Exercise: Show every line from the entries that follow which holds the word "手押し信号".

=== Begin Enclosure ===

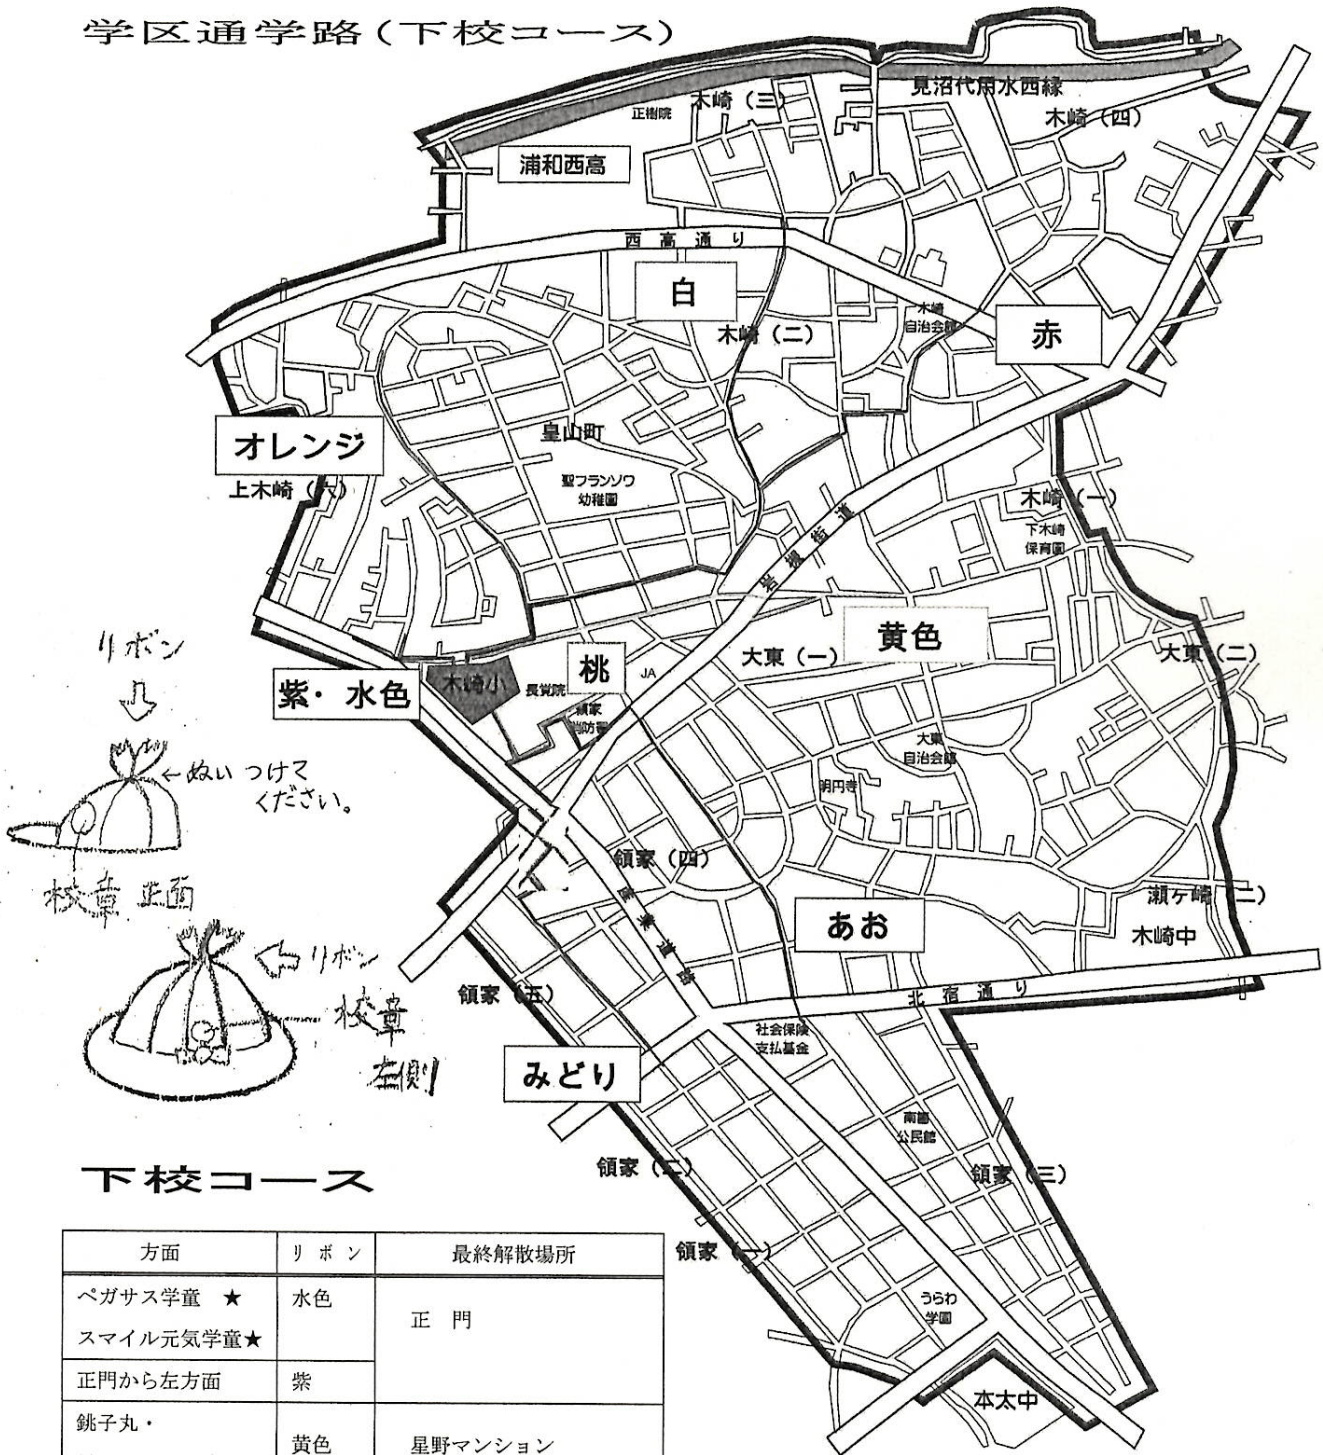

学区通学路(下校コース)

下校コース

方面	リボン	最終解散場所
ペガサス学童 ★	水色	正門
スマイル元気学童★	紫	
正門から左方面	紫	
銚子丸・ 星野マンション方面	黄色	星野マンション
木崎自治会館方面	赤	木崎自治会館 手押し信号
セイムス方面	白	セイムス 手押し信号
小川商店方面	オレンジ	埼玉自動車手前
北宿通り方面	青	北宿通り 手押し信号
領家交番方面	緑	北宿通りを渡ったところ
木崎児童クラブ★	桃	木崎児童クラブ
スピカ学童 ★	黄緑	セブンイレブン付近

黄色い安全帽に、通学路の色のリボンをつけてください。学童(★)に行くお父さんは、通学路のリボンと学童のリボンの2本をつけてください。

=== End Enclosure ===

Finished exercise:
木崎自治会館方面	赤	木崎自治会館 手押し信号
セイムス方面	白	セイムス 手押し信号
北宿通り方面	青	北宿通り 手押し信号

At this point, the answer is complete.